Collected data entries:
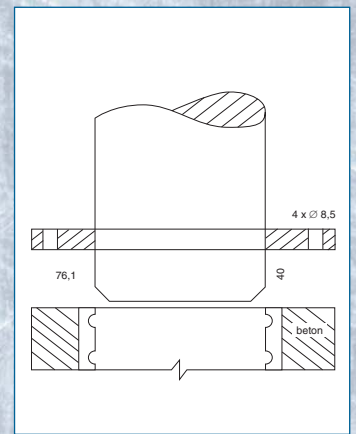

VÁGNER
POOL
SWIMMING POOL TECHNOLOGY

CZ

GB

VODNÍ CLONY
CASCADE SHOWERS
WASSERBLENDE
ВОДНЯЯ ЗАСЛОНКА

- ① tělo chrliče – nerez
cascade shower body – st. steel
- ② A vřut nerez 8 x 100 mm
screw st. steel 8 x 100 mm
B*šroub nerez M8 x 30 mm
screw bolt st. steel M8 x 30 mm
- ③ A hmoždinka 14 x 75 mm
wall plug 14 x 75 mm
B*kotva nerez 12 x 80 mm
anchor st. steel 12 x 80 mm
- ④ gumové těsnění (O-kroužek)
rubber gasket (O-ring)
- ⑤ rychlospojka \varnothing 63 nebo 75 mm
easy coupler \varnothing 63 or 75 mm
- ⑥ beton
concrete
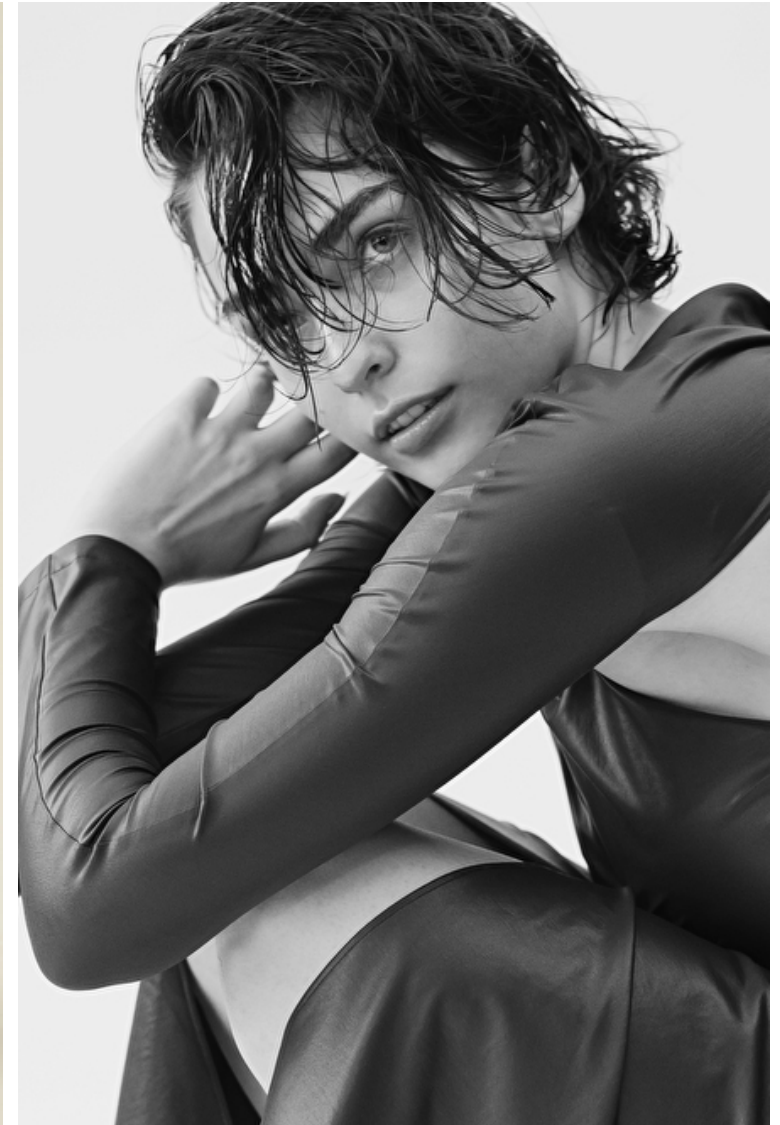

## Carmen Romano

Height 176cm / 5' 9.5"

Bust 97cm / 38"

Waist 71cm / 28"

Hips 104cm / 41"

Shoes EU/US/UK 40 / 9 / 7

Eyes Blue

Hair Light brown
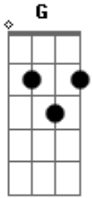

Iury Leocy - Nosso Cachorro

Tom: C

C
Eu não consigo mais

G Dm
F
Me conformar com essa saudade que invade, o meu peito, me bate
o desespero

C G Dm F G

E as lembranças, vem me torturar, com essa sua partida

C G Dm
Nossa cama quer sentir de novo o seu cheiro, e me bate o

F G
Desespero

C G Dm F

G C
Nosso cachorro não me aceita mais como eu dono. E eu, choro
toda noite com saudade amor

Acordes

© ukulele-chords.com

© ukulele-chords.com

© ukulele-chords.com

© ukulele-chords.com

## The problem
Give back the data verbatim. The pictures are not part of the copy.

## Completed exercise
VÁGNER
POOL
SWIMMING POOL TECHNOLOGY

CZ

GB

VODNÍ CLONY
CASCADE SHOWERS
WASSERBLENDE
ВОДНЯЯ ЗАСЛОНКА

- ① tělo chrliče – nerez
cascade shower body – st. steel
- ② A vřut nerez 8 x 100 mm
screw st. steel 8 x 100 mm
B*šroub nerez M8 x 30 mm
screw bolt st. steel M8 x 30 mm
- ③ A hmoždinka 14 x 75 mm
wall plug 14 x 75 mm
B*kotva nerez 12 x 80 mm
anchor st. steel 12 x 80 mm
- ④ gumové těsnění (O-kroužek)
rubber gasket (O-ring)
- ⑤ rychlospojka \varnothing 63 nebo 75 mm
easy coupler \varnothing 63 or 75 mm
- ⑥ beton
concrete

## Carmen Romano

Height 176cm / 5' 9.5"

Bust 97cm / 38"

Waist 71cm / 28"

Hips 104cm / 41"

Shoes EU/US/UK 40 / 9 / 7

Eyes Blue

Hair Light brown

Iury Leocy - Nosso Cachorro

Tom: C

C
Eu não consigo mais

G Dm
F
Me conformar com essa saudade que invade, o meu peito, me bate
o desespero

C G Dm F G

E as lembranças, vem me torturar, com essa sua partida

C G Dm
Nossa cama quer sentir de novo o seu cheiro, e me bate o

F G
Desespero

C G Dm F

G C
Nosso cachorro não me aceita mais como eu dono. E eu, choro
toda noite com saudade amor

Acordes

© ukulele-chords.com

© ukulele-chords.com

© ukulele-chords.com

© ukulele-chords.com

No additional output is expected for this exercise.